Together with its legacy businesses Acutronic has delivered about 1,000 inertial guidance test systems and so-called hardware in the loop equipment for missiles and smart munitions, and the company continues to build up to 40 systems a year, most of them for aerospace.

 Acutronic's facility
Acutronic's customers include the elite of the aerospace industry. Picture: Acutronic

The equipment ranges from off-the-shelf one-axis systems used to calibrate low-tech products such as gyroscopes or accelerometers to top-of-the-range five-axis motion simulators, built to order for customers including MBDA, which uses an Acutronic machine to test the seeker head of the German Panavia Tornado's Taurus missile.

Customers comprise the elite of the aerospace industry - BAE Systems, Boeing, Honeywell, Lockheed Martin, Meggitt, Sagem and Thales - as well as some small start-ups, says Beat Brunner, vice-president customers and markets.

It is not a price-sensitive market - motion test simulation equipment is a vital one-off purchase that customers need to get right, says Brunner. However, Acutronic's cost base is a challenge, given the high value of the Swiss franc and the fact that more than half its Swiss staff have engineering degrees.
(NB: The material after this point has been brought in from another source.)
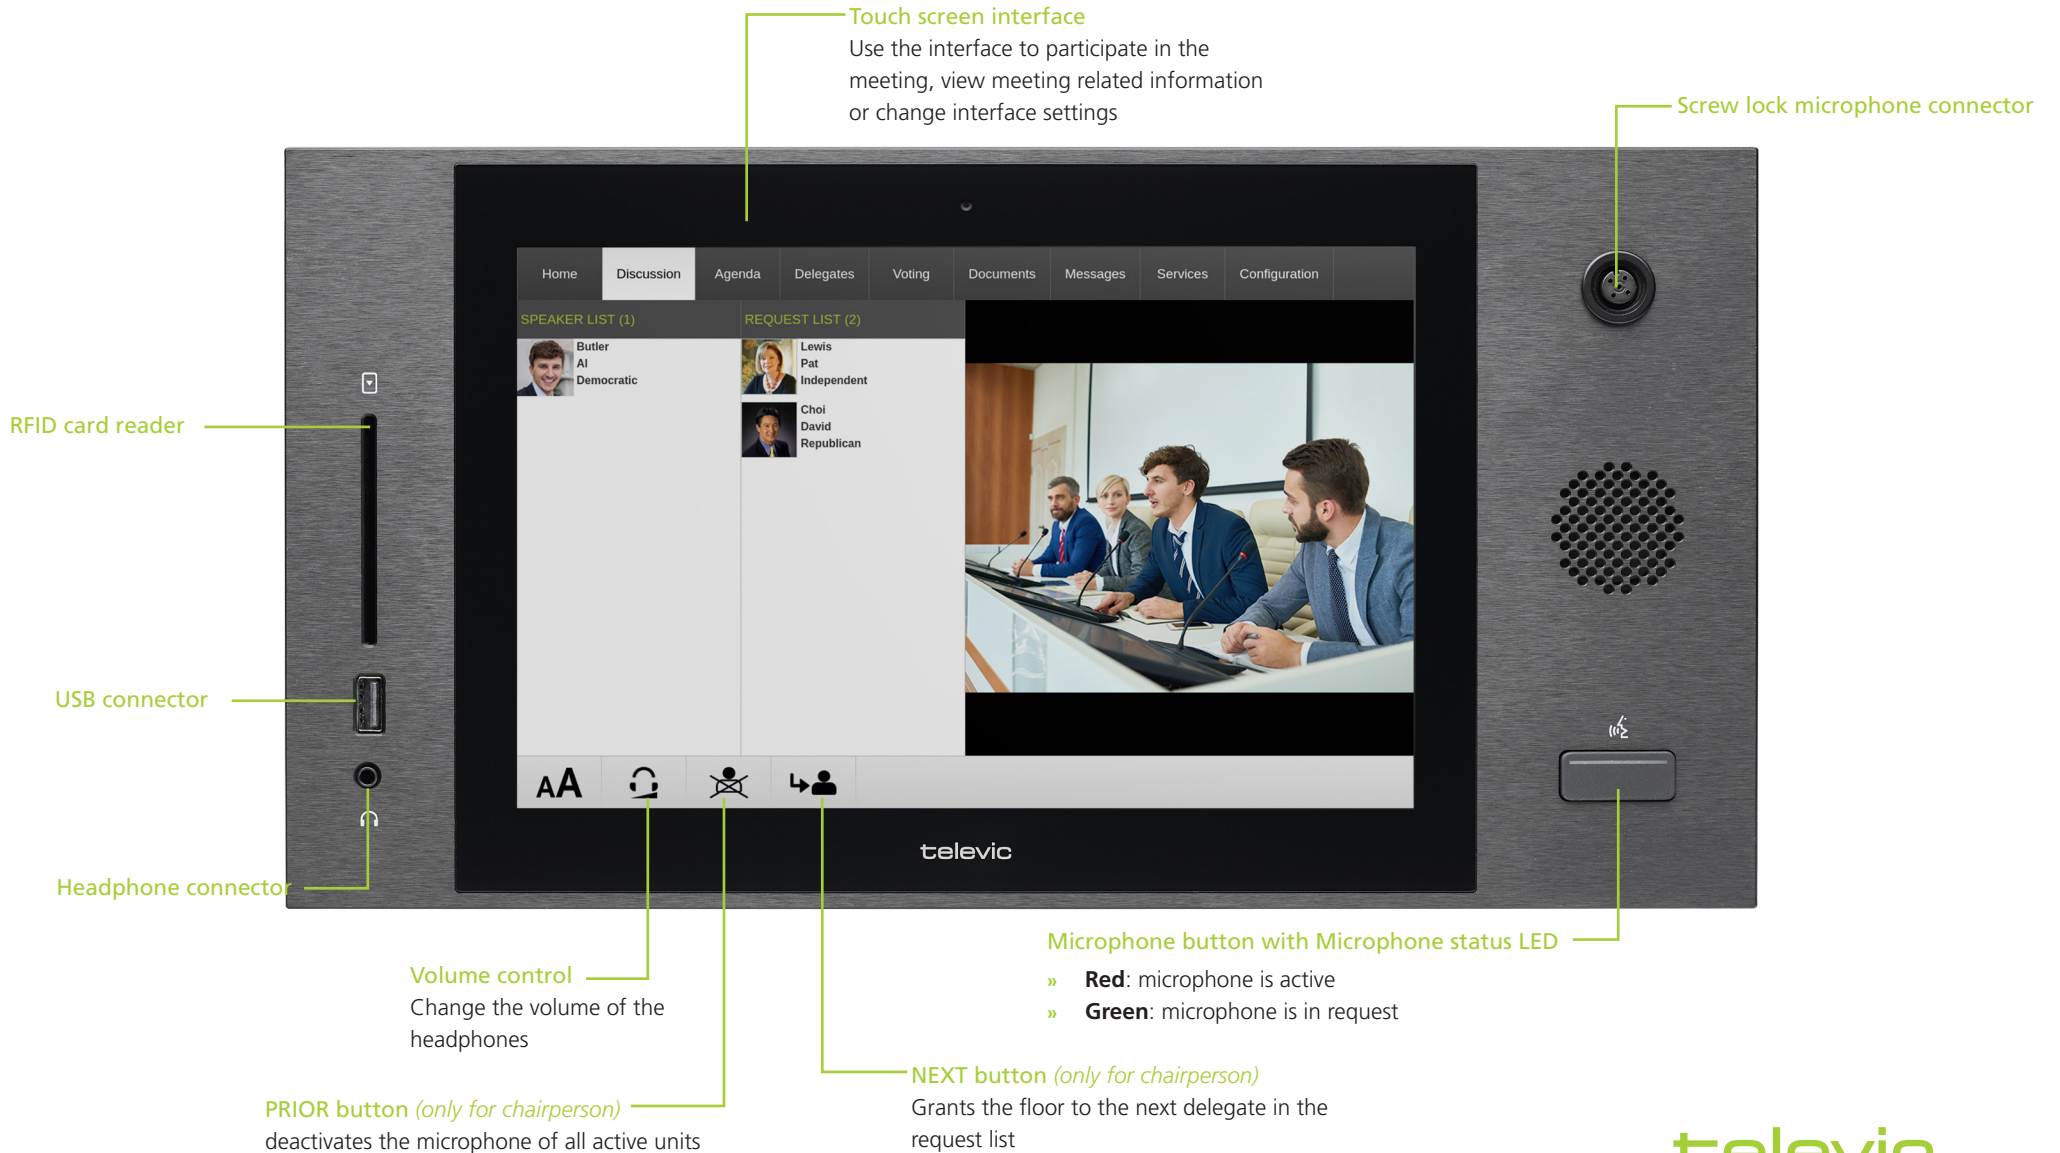

uniCOS F/MM10

uniCOS Flushmount 10 Inch Multimedia Unit

Quick Start

Product Range Applicability

- » uniCOS F/MM10 (71.98.2001) (configurable as chairperson or delegate unit)

Another problem - ironically - is the reliability of the equipment, making the products attractive but replacement purchases rare. "It lasts almost forever," says Brunner. However, the machines do need to be serviced annually with parts occasionally replaced, and aftersales make up about 20% of the company's SFr44 million ($44 million) revenues.

With the European market fast becoming saturated, Acutronic has just opened a sales office in China, and may add a production facility. "Although we have some potential in Europe with start-ups or customers increasing production, the real growth for us will come from new markets in Asia and Russia," says Brunner.